From the late 1960s to the early 1980s, the country went through the Leaden Years, a period characterised by economic crisis (especially after the 1973 oil crisis), widespread social conflict and terrorist massacres perpetrated by opposing extremist groups with the alleged involvement of American and Soviet intelligence agencies. The Leading Years culminated in the assassination of Christian Democrat leader Aldo Moro in 1978 and the Bologna railway station massacre in 1980, in which 85 people were killed.
In the 1980s, for the first time since 1945, two governments were led by non-Christian Democrat prime ministers: a liberal (Giovanni Spadolini) and a socialist (Bettino Craxi); however, the Christian Democrats remained the main party in government. Under Bettino Craxi’s government, the economy recovered and Italy became the fifth largest industrialised nation in the world and joined the G7 group. As a result of spending policies, however, Italian public debt soared during the Craxi era and soon exceeded 100% of GDP.

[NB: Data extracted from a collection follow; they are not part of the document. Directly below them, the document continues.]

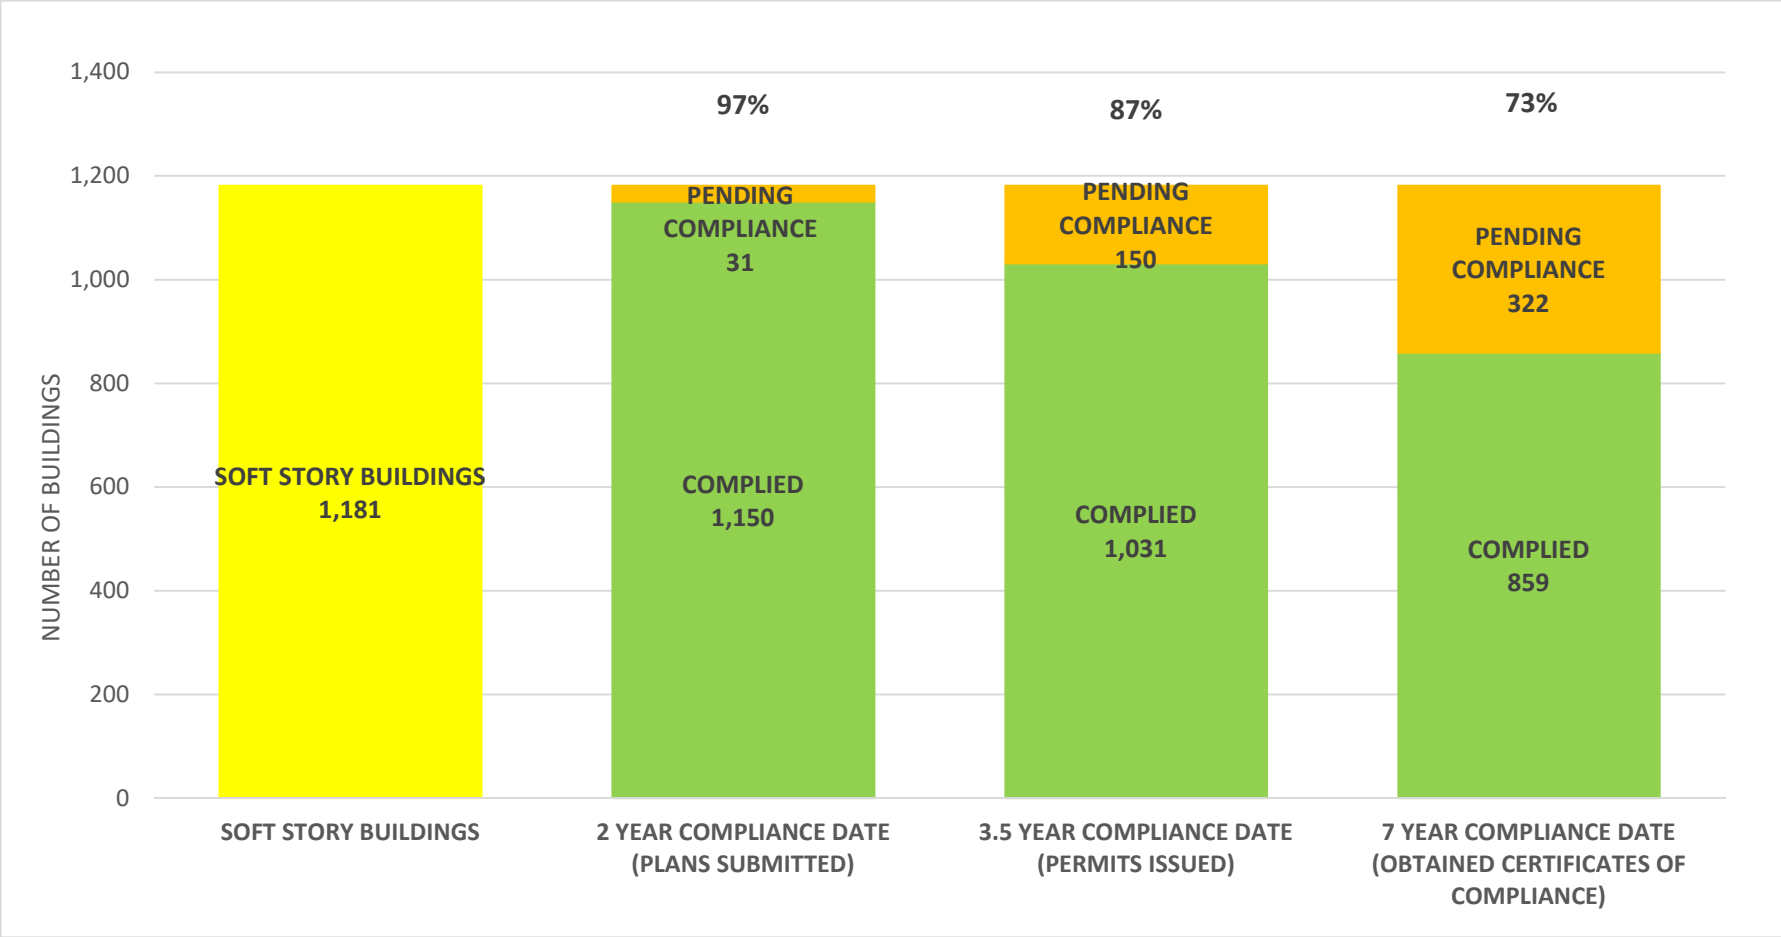

SOFT STORY RETROFIT PROGRAM STATUS FOR CD 13 AS OF January 1, 2023
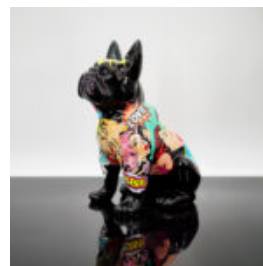

DECORATIVE FIGURINE FRENCH BULLDOG - COMICS

Article Number: C200s Product Description: Decorative French Bulldog Figurine - Comics...
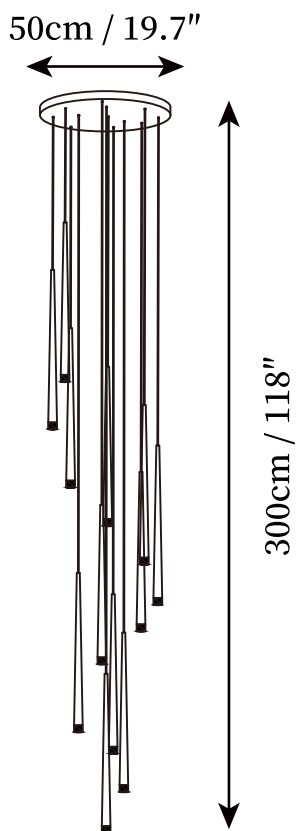

SPECIFICATION SHEET

SPECIFICATION DETAILS

*For custom options, consult factory for details

Fixture Dimensions	D 1.3" x H 23.6", D 1.3" x H 39.4"
Light source	Integrated LED
Wattage	~ 5W
Voltage	AC 110-240V
Mounting	Hardwired.
Dimming	Compatible with dimmable bulbs (bulb not included)
Control method	Compatible with common wall switches(not included)
Finishes	Black
Shade Details	White.
Material	Iron, Metal
Wire Length	The standard length of the cord is 59" (150 cm), the length is adjustable.

SPECIFICATION SHEET

SPECIFICATION DETAILS

*For custom options, consult factory for details

Fixture Dimensions	Integrated LED
Light source	G4 (bulb not included).
Wattage	~ 5W
Voltage	AC 110-240V
Mounting	Hardwired.
Dimming	Compatible with dimmable bulbs (bulb not included)
Control method	Compatible with common wall switches (not included)
Finishes	Black
Shade Details	White.
Material	Iron, Metal
Wire Length	The standard length of the cord is 59" (150 cm), the length is adjustable.

SPECIFICATION SHEET

SPECIFICATION DETAILS

*For custom options, consult factory for details

Fixture Dimensions	D 19.7" x H 118"
Light source	Integrated LED
Wattage	~ 5W
Voltage	AC 110-240V
Mounting	Hardwired.
Dimming	Compatible with dimmable bulbs (bulb not included)
Control method	Compatible with common wall switches (not included)
Finishes	Black
Shade Details	White.
Material	Iron, Metal
Wire Length	The standard length of the cord is 59" (150 cm), the length is adjustable.

SPECIFICATION SHEET

SPECIFICATION DETAILS

*For custom options, consult factory for details

Fixture Dimensions	D 23.6" x H 137"
Light source	Integrated LED
Wattage	~ 5W
Voltage	AC 110-240V
Mounting	Hardwired.
Dimming	Compatible with dimmable bulbs (bulb not included)
Control method	Compatible with common wall switches (not included)
Finishes	Black
Shade Details	White.
Material	Iron, Metal
Wire Length	The standard length of the cord is 59" (150 cm), the length is adjustable.

In the early 1990s, Italy faced major challenges as voters – disillusioned by political paralysis, massive public debt and the extensive system of corruption (known as Tangentopoli) exposed by the Clean Hands poll – demanded radical reforms. The scandals affected all the major parties, but especially those in the ruling coalition: the Christian Democrats, who had ruled for almost 50 years, fell into a serious crisis and eventually disintegrated, splitting into several factions. The communists reorganised themselves into a social democratic force. In the 1990s and 2000s (decade), the country was alternately ruled by centre-right coalitions (dominated by media magnate Silvio Berlusconi) and centre-left coalitions (led by university professor Romano Prodi).
In the late 2000s, Italy was hit hard by the Great Recession. From 2008 to 2015, the country suffered 42 months of GDP recession. The economic crisis was one of the main problems that forced Berlusconi to resign in 2011. The government of the conservative prime minister was replaced by the technocratic cabinet of Mario Monti. After the 2013 general elections, the Democratic Party’s deputy secretary Enrico Letta formed a new government at the head of a grand coalition of the right and the left. In 2014, challenged by the new PD secretary Matteo Renzi, Letta resigned and was replaced by Renzi. The new government launched important constitutional reforms such as the abolition of the Senate and a new electoral law.